Long developed a habit of watching pornography and going to massage parlors once a month, acts which he saw as sinful. A former roommate named Tyler Bayless told the Post that Long “hated the pornography industry. He was pretty passionate about what a bad influence it was on him. He felt exploited by it, taken advantage of by it.”
Long diagnosed himself as suffering from “sex addiction” and went to two rehab clinics to treat his alleged malady. This combination of puritanism and dubious therapy is, once again, common in white evangelical Protestantism. It also connects evangelicals with the powerful therapeutic culture that has long dominated American life.

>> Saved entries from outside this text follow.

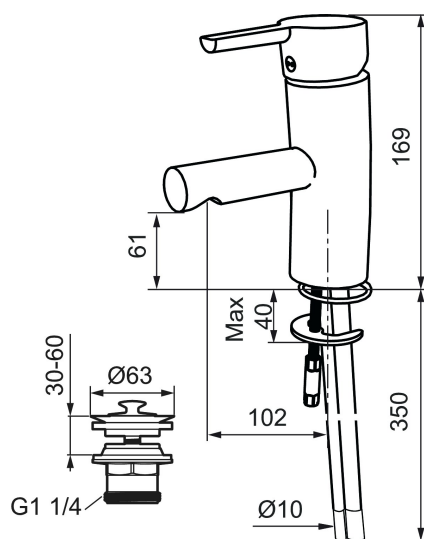

MORA MMIX B5 tvättställsblandare

Mora MMIX kombinerar en formskön och ergonomisk design med en energieffektiv insida. Designen präglas av en smekamt böljande geometri och förmedlar en tidlös och sammanhängande stil över hela serien. Vårt unika miljökoncept EcoSafe™ ligger till grund för utvecklingsarbetet och bidrar till låg energiförbrukning och långsiktig miljöhänsyn. Blandaren är blyfri.

Art.nr: 733020.CA RSK: 8344515 Flöde 3 bar: 4,7 l/min
Utförande: Krom, ansl. slät ände Ø10 mm

Unika egenskaper

Skyddsmodul 

- Med silpluggventil
- ESS (energisparsystem)
- Mjukstängning med keramisk tätning
- Omställbar flödesbegränsning och temperaturspär
- Eco (energi- och vattenbesparande konstantflödesstrålsamlare, 4,7 l/min vid 2–6 bar)
- Flexibla anslutningsrör i metallomspunnen Soft PEX®
- Godkänd av reumatikerförbundet
- Lead Free (blyfri), avser blandare
- Hålmått Ø33,5-37 mm

Art.nr: 733020.CA

RSK: 8344515

Reservdelslista

NR.	ART.NR	RSK	BESKRIVNING
1	S600299	8387254	Spärsegment och låsring
2	209543.AE	8346916	Spärsegment 40°
3	S600206	8233049	Självstängande handdusch, krom
4	S600308	8387263	Stabiliseringsstag
5	S600314	8280068	Strålsamlare M22 inv., ledbar, 7-9 l/min vid 3 bar
6	131415.AE	8281512	Hylsa M24 utv., 15 mm, krom
7	S600312	8280067	Strålsamlare M21,5 utv., 7-9 l/min vid 3 bar
7	409385.AE	8242292	Strålsamlare M21,5 utv., 5 l/min vid 2-6 bar
7	S600228		Strålsamlare M21,5 utv., 3 l/min vid 2-6 bar
8	131410.AE	8281509	Hylsa M22 inv.
9	S600160	8387096	Monteringssats, tvättställsblandare
10	S600159	8387097	Monteringssats, köksblandare
11	409389.AE	8344867	Spak, komplett
12	409390.AE	8344874	Care-spak, komplett, krom/svart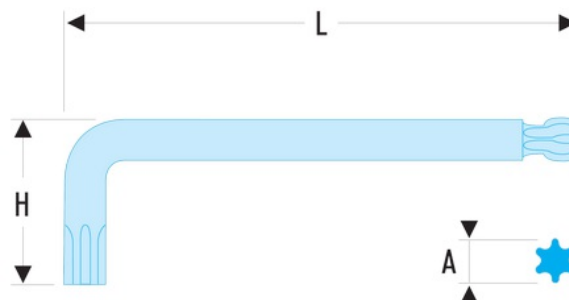

**89S.20 89S - Clés mâles longues Torx® - à tête sphérique**

- Conformes aux spécifications Torx®.
- La tête sphérique permet un débattement jusqu'à 20°, pour les endroits difficiles d'accès.
- Présentation : brunie.

A [mm]: 3,84

H [mm]: 23

H x L [mm]: 23,0 x 99,0

L [mm]: 99

Torx [No]: T20

[g]: 10

This notion of sex addiction is part and parcel of a purity culture that blames women for tempting men into sin. The movement to demonize sex work in the name of anti-trafficking is one of the more visible manifestations of this purity culture, which has an influence that extends far beyond evangelical Christianity.
Long’s attitudes towards gender and race were intertwined. Melissa May Borja, a religion scholar in the Department of American Culture at the University of Michigan, told the Post, “Maybe he didn’t intend to harm Asian Americans, but it’s clearly had a disparate impact on Asian American women.” She added, “Considering the structure of labor does mean they probably were more likely the target of a white man dealing with issues of sex and shame. Maybe he saw these women as more expendable.”
Randy Park, son of Hyun Jung Grant, one of the women killed, described the sex addiction as “bullshit,” telling The Daily Beast, “My question to the family is, what did y’all teach him? Did you turn him in because you’re scared that you’ll be affiliated with him? You just gonna scapegoat your son out? And they just get away scot free? Like, no, you guys definitely taught him some shit. Take some fucking responsibility.”
Long’s actions are extreme, but his ideology is not. He simply took the values he inherited from his culture to their logical endpoint. It’s not surprising that he doesn’t see his own actions as racist, since he was reared in church that is defiantly anti-anti-racist. Taught that sex outside of marriage is the equivalent of bestiality, is it really so surprising that he treated sex workers as cattle worthy of sacrifice and slaughter?
The guilt for Long’s actions belongs only to himself. But his way of thinking didn’t spring from an immaculate conception. The desire to “eliminate” temptation by killing Asian sex workers is the culmination of a culture that dehumanizes people of color, dehumanizes women, and dehumanizes sex workers. Long is an outlier only in the extremity of his actions, not in his attitudes and ideas, which are very much part of mainstream society. In Randy Park’s words, it’s time to “take some fucking responsibility.”